Abelardo Ávila Villareal (1907-1967) was a Mexican engraver noted for his Costumbrista work, mostly with the Sociedad Mexicana de Grabadores; however, he did paint one mural along with Pedro Rendón at the Abelardo L. Rodríguez market in Mexico City.

Ávila was born in 1907 in Jalpan de Serra, Querétaro. From 1921 to 1926 he studied painting at the Academia de Bellas Artes in the city of Querétaro. After receiving a scholarship, he continued studying at the Academia Nacional de Artes Plásticas in Mexico City. In 1929, with an interest in woodcut, he entered a third school called the Taller de Grabado, de Madera y Metal.

In 1934, he joined the fine arts workshop of the Liga de Escritores y Artistas Revolucionarios. That same year, he painted his only mural, in collaboration with painter Pedro Rendón, at the Abelardo L. Rodríguez market in Mexico City.

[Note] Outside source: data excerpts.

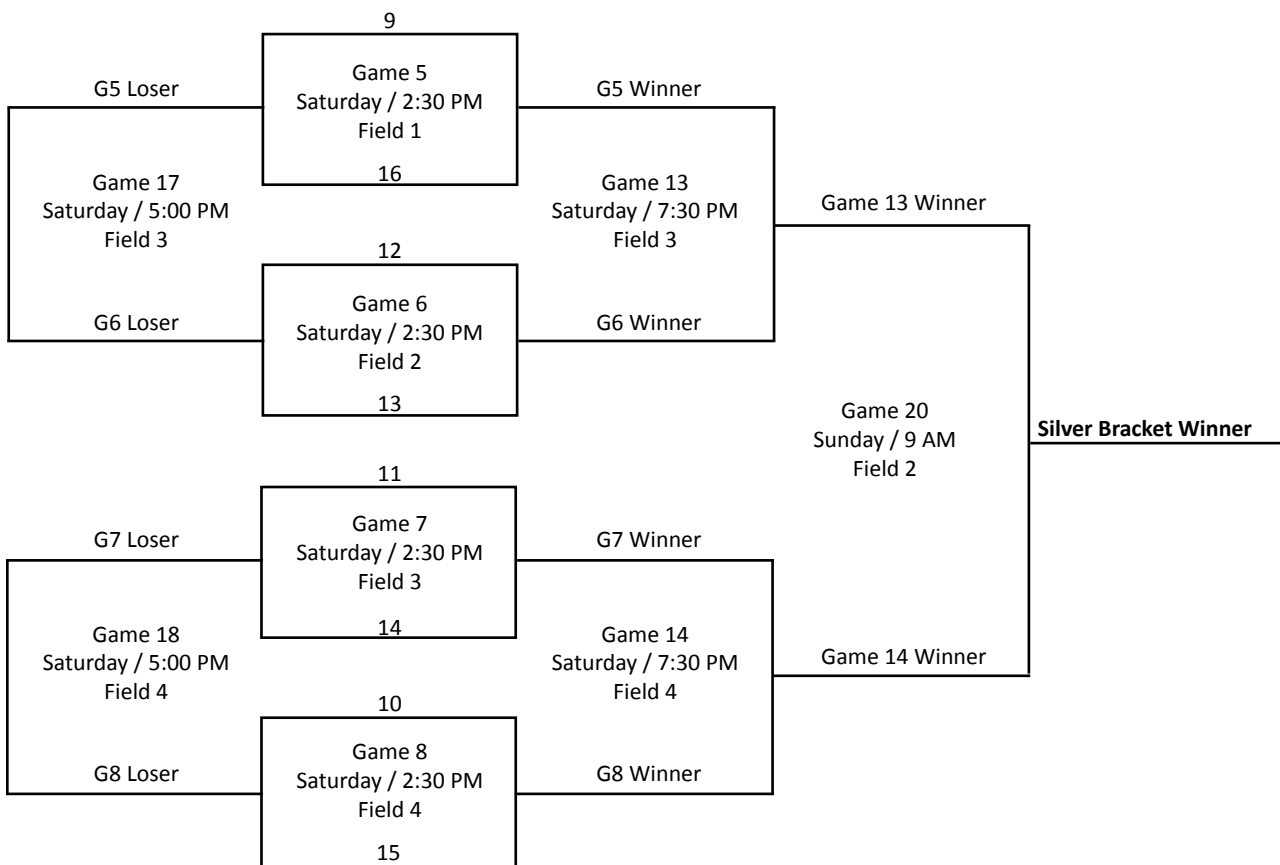

17
Game 9
Saturday / Noon
Field 5
18

Rock Valley
Game 10
Saturday / 2:30 PM
Field 5
Wallace

17
Game 21
Saturday / 5:00 PM
Field 5
Wallace

18
Game 22
Saturday / 7:30 PM
Field 5
Wallace

In 1947 he was one of the founding members of the Sociedad Mexicana de Grabadores, with which he did most of his artistic work. He also gave classes at the Escuela Nacional de Pintura, Escultura y Grabado "La Esmeralda" from this time until his death. He was also a founding member of the Salón de la Plástica Mexicana. The themes of his work were mostly Costumbrista which gave him a reputation as a historian.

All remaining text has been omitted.